About

     

Dr. Elizabeth Dorman is an active member of MTNA, CAPMT, and the MTAC. Her students have gone on to study professionally at schools including the Peabody Conservatory of Music, NYU, and Stony Brook University and have performed in venues including Carnegie Hall, Merkin Hall, and the Baruch Performing Arts Center. She teaches piano, chamber music and musicianship at the Crowden Music Center in Berkeley, chamber music at California Music Preparatory Academy and privately at her studios in San Francisco and Albany, CA.  Previously, she has taught at Stony Brook University and the San Francisco Conservatory of Music Pre-College.  She has given masterclasses at Icicle Creek Music Center, Pacific Lutheran University, Stony Brook University, the San Francisco Conservatory of Music and others, and she currently serves on the board of the Ross McKee Foundation.


     Praised by Joshua Kosman of the San Francisco Chronicle for her “crisp, brightly finished” playing and her “elegance and verve,” pianist Elizabeth Dorman received the 2017 Father Merlet Award from Pro Musicis and was a finalist in the 2018 Leipzig International Bach Competition.  Dr. Dorman freelances as a soloist and chamber musician and is based in Berkeley, CA.  She has appeared at international festivals including Tanglewood, Britt, Sarasota, Aspen, Toronto Summer Music, Icicle Creek, has twice been an Artist-in-Residence at the Banff Centre and her live solo performances have been nationally broadcast on NPR and public radio.  She has performed as soloist and chamber musician at important venues including the Kennedy Center, Davies Symphony Hall, Herbst Theater, Leipzig’s Hochschule für Musik "Felix Mendelssohn Bartholdy," and has performed with internationally recognized artists including Colin Carr, Jennifer Frautschi, Teddy Abrams, and Martin Chalifour.

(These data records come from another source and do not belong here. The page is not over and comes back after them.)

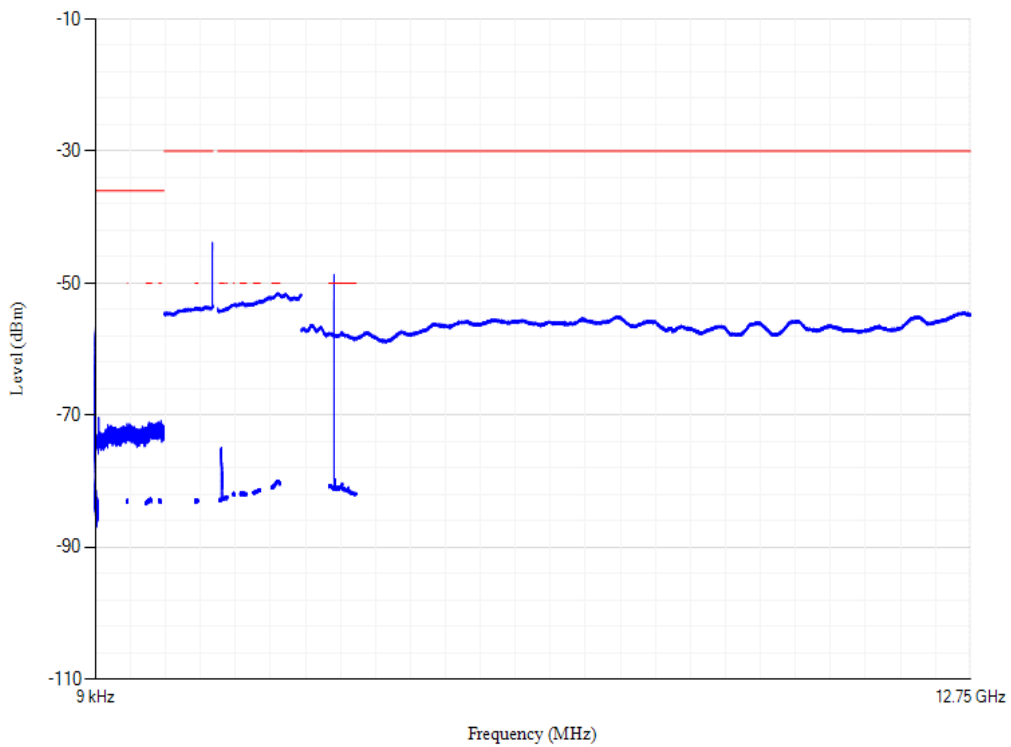

Conducted spurious emissions

Band40 QPSK BW=5MHz Channel=38675 RB Size=1 Position=#0

Conducted spurious emissions

Band40 QPSK BW=5MHz Channel=39150 RB Size=1 Position=#0

Conducted spurious emissions

Band40 QPSK BW=5MHz Channel=39625 RB Size=1 Position=#0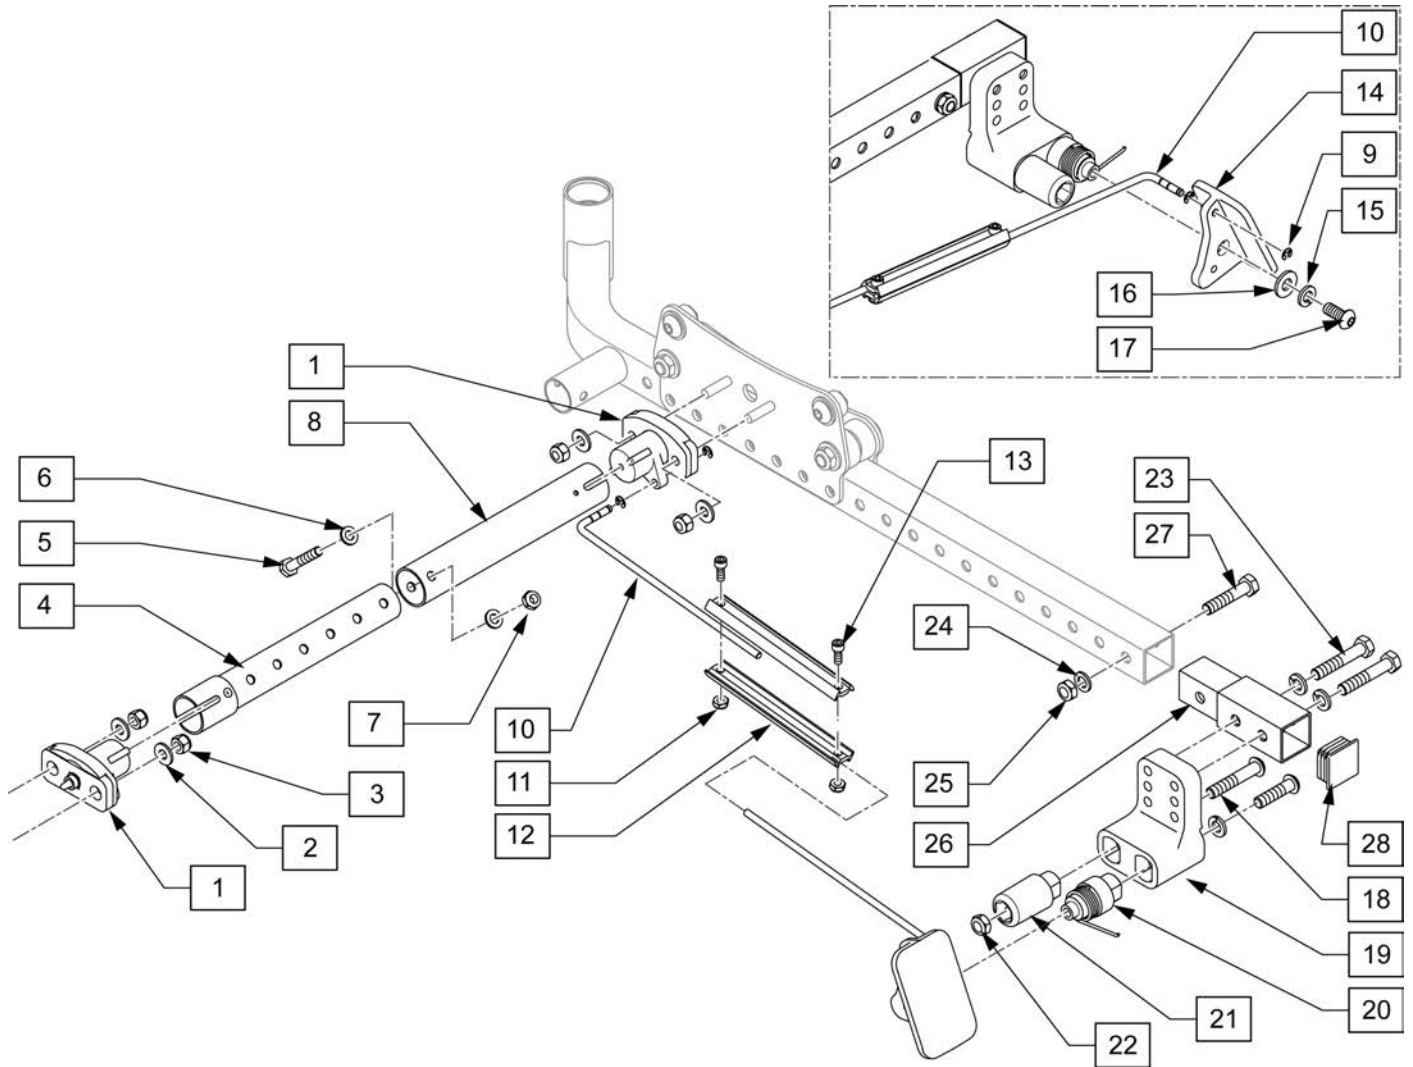

Pos.	Item Number	Description
2	106945	WASHER FLAT SAE 1/4 ROHS
3	106932	NUT NYLOCK 1/4-20 ROHS
4-8	107239	ROCKER TUBE ASSM 13 -18" 13 -18" WIDE
4-8	107240	ROCKER TUBE ASSM 15 -22" 15 -22" WIDE
9	106383	E-CLIP 3/16"
11	106931	NUT NYLOCK THIN 10-32 ROHS
13	107181	SHCS 10-32 X 1/2 ROHS
14	107165	PEDAL FOOT RELEASE
15	106951	WASHER SPLIT LOCK 5/16 ROHS
16	263109	5/16 FENDER WASHER SS 3/4" OD
17	106979	BHCS 5/16-18 X 3/4 ROHS
18	106982	BHCS 5/16-18 X 1-3/4 SHLD ROHS
20	106377	SHAFT PIVOT PEDAL
22	106937	NUT NYLOCK THIN 5/16-18 ROHS
23	118453	HHCS 5/16-24 X 1-3/4 ROHS
24	106946	WASHER FLAT AN 5/16 ROHS
25	106938	NUT NYLOCK 5/16-24 ROHS
27	106951	WASHER SPLIT LOCK 5/16 ROHS
28	117928	PLUG TUBE SQ 1-1/8"

     Dr. Dorman studied with Gilbert Kalish at Stony Brook University where she also developed and taught the Piano Pedagogy program while completing her D.M.A.  During her time at Stony Brook, she also served as Head Piano Teaching Assistant where her duties included teaching and managing the undergraduate piano program.  A native of San Francisco, CA, Dr. Dorman began her training with Paul Hersh at the San Francisco Conservatory of Music where she also studied double bass with Stephen Tramontozzi.  Important other mentors also include Robert Levin, Ian Swensen, the Emerson String Quartet, Christina Dahl, Wu Han, and Emanuel Ax.